══ SOURCE RECORDS ══
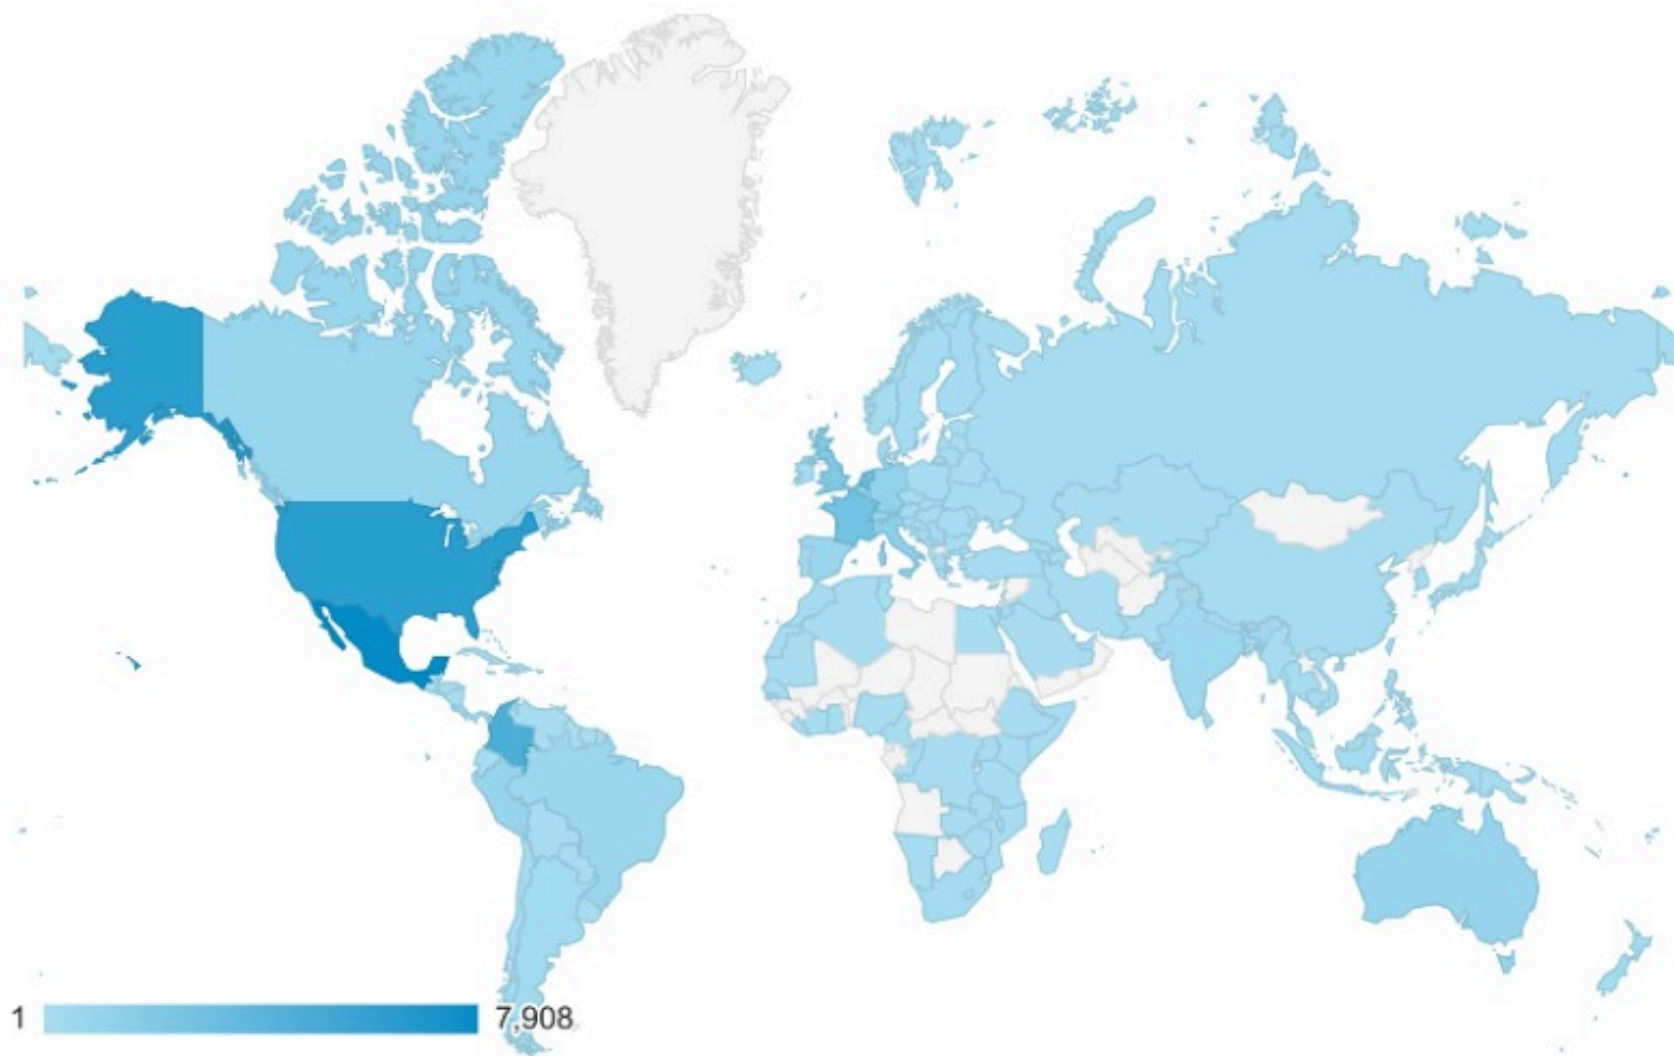

PENSAMIENTO ECOSISTÉMICO

Analytics

Audience

Overview

Feb 3, 2017 - Nov 30, 2021

TOTAL Pageviews
435,422

- Reached Countries
165
1. Mexico
 2. United States
 3. Colombia
 4. Netherlands
 5. France
 6. United Kingdom
 7. Belgium
 8. Italy
 9. Germany
 10. Peru

- Reached Cities
5,082
1. Mexico City
 2. (not set)
 3. Bogota
 4. Amsterdam
 5. Paris
 6. London
 7. Brussels
 8. Valle de Chalco
 9. Melbourne
 10. Milan

Knowledge Ecosystems

12,037

Information Bubbles
═══
Copy verbatim, from the listing above, each line from the one containing "4. Netherlands" down to the one containing "Knowledge Ecosystems", inclusive.

» RESULT OF THIS TASK:
 4. Netherlands
 5. France
 6. United Kingdom
 7. Belgium
 8. Italy
 9. Germany
 10. Peru

- Reached Cities
5,082
1. Mexico City
 2. (not set)
 3. Bogota
 4. Amsterdam
 5. Paris
 6. London
 7. Brussels
 8. Valle de Chalco
 9. Melbourne
 10. Milan

Knowledge Ecosystems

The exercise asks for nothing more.